> Problem to solve
Count every line in the data below where the word "Ville" appears, then state only that count.

━━━

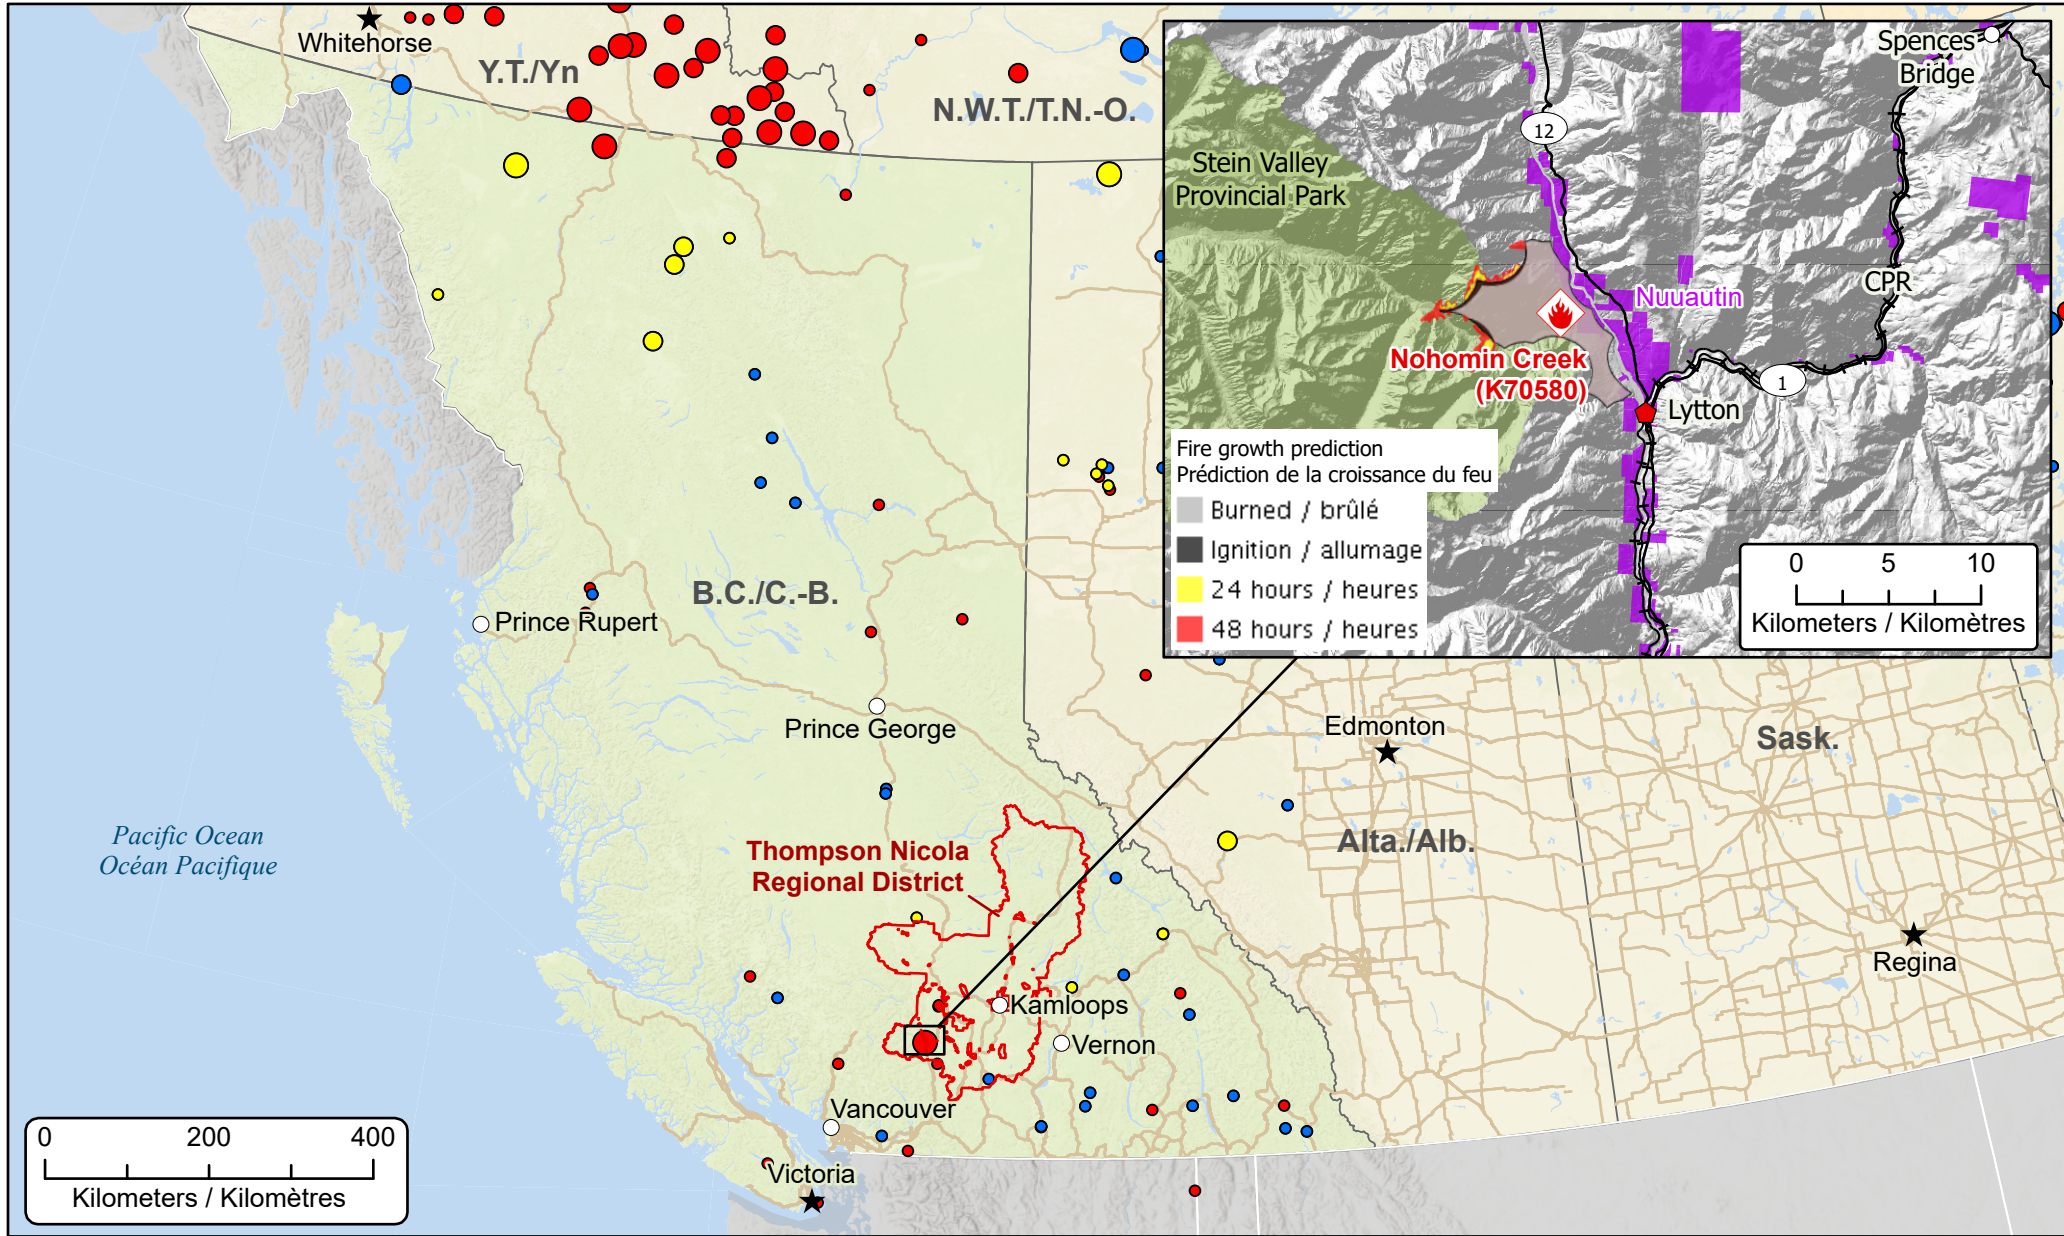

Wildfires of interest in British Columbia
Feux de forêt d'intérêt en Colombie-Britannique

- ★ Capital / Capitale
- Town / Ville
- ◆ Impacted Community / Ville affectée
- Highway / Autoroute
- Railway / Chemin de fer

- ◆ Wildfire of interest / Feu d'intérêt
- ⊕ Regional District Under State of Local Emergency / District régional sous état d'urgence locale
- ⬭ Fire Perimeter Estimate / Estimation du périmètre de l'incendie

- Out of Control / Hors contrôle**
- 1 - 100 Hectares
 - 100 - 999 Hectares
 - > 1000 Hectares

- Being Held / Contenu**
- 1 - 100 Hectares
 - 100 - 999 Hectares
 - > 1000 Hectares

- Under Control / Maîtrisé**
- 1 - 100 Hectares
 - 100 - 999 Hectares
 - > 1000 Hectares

━━━

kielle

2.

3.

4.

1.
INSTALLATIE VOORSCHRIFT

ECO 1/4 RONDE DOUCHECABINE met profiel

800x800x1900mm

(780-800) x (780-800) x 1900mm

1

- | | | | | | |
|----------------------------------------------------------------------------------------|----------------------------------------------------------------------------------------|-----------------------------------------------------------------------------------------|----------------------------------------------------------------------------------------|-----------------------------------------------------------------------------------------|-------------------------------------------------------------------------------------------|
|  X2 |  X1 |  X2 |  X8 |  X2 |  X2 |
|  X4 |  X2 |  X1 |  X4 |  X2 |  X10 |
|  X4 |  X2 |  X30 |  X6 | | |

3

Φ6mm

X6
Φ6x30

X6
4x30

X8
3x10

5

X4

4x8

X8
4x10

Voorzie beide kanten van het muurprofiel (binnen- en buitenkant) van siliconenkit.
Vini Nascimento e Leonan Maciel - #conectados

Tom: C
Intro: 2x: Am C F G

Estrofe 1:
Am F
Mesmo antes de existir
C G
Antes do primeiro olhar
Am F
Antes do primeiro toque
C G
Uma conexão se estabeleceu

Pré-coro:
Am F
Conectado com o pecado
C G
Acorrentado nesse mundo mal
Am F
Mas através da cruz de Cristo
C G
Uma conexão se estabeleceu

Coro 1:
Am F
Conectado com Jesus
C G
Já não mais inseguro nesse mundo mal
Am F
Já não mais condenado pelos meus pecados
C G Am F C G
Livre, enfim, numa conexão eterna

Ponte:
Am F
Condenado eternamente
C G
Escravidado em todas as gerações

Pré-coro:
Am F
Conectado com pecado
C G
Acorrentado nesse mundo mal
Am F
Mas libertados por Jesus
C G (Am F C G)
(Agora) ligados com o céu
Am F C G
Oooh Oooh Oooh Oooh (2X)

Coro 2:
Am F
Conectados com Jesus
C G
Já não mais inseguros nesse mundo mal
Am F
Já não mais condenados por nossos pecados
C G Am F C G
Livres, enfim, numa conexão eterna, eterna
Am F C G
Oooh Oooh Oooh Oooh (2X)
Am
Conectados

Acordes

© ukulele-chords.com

━━━

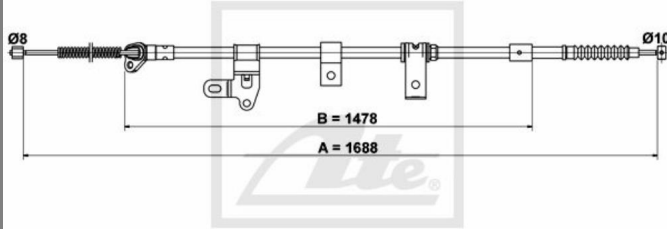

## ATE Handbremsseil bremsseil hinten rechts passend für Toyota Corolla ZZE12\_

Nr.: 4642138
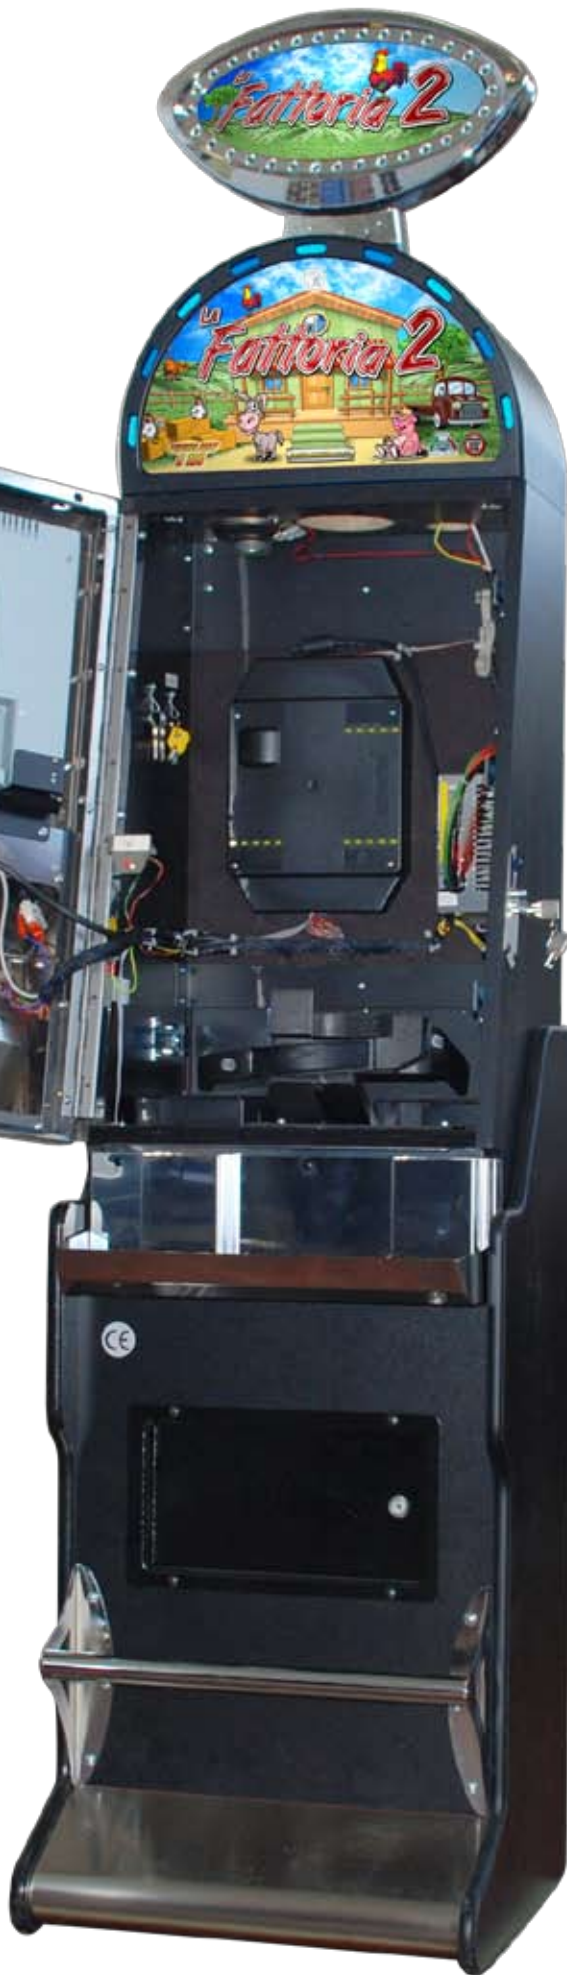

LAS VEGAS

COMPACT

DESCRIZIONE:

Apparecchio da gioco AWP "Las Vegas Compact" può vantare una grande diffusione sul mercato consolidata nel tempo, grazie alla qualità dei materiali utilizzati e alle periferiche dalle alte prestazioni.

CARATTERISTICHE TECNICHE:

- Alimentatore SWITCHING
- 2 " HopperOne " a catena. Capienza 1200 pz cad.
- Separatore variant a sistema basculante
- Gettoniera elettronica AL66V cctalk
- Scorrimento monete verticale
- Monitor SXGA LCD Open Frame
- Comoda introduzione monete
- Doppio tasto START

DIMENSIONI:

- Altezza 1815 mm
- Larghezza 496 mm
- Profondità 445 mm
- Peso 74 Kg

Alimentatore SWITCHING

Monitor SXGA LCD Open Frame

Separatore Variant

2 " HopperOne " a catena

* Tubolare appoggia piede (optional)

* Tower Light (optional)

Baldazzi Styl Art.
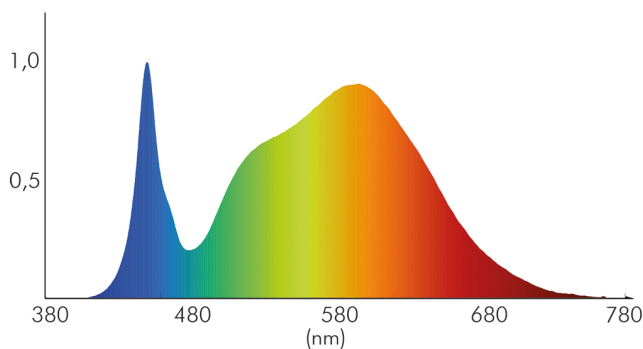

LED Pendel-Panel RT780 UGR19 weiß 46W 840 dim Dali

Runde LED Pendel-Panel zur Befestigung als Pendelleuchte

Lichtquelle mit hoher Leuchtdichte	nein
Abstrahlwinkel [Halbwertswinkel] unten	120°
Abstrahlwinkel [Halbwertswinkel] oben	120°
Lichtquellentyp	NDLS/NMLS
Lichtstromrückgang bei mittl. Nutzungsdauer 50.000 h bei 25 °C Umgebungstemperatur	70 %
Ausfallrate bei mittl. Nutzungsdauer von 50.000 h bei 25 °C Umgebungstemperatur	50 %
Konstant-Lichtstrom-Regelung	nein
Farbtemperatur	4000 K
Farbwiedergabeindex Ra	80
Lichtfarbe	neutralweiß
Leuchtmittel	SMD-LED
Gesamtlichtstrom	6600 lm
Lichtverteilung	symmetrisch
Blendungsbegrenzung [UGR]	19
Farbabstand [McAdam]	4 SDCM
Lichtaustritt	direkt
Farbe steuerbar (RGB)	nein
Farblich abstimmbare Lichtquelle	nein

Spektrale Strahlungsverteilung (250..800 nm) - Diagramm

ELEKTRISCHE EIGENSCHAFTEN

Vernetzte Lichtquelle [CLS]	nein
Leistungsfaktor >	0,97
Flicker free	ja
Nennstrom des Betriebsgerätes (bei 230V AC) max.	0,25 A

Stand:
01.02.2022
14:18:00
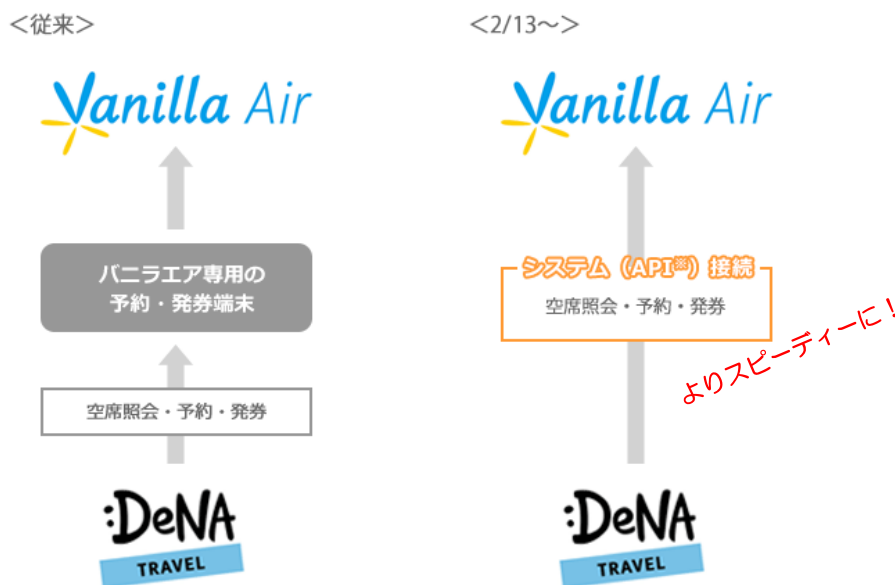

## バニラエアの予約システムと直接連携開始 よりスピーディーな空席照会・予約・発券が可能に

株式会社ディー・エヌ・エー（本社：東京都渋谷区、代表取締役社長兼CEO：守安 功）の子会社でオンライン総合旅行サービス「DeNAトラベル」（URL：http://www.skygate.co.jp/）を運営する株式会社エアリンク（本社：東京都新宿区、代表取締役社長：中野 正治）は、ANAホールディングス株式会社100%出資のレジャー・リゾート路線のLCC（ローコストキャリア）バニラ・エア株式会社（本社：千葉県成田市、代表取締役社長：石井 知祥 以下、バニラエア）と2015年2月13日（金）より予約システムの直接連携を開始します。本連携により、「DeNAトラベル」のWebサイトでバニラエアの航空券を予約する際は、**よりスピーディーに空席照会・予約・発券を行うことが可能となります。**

━━━

> Answer area
2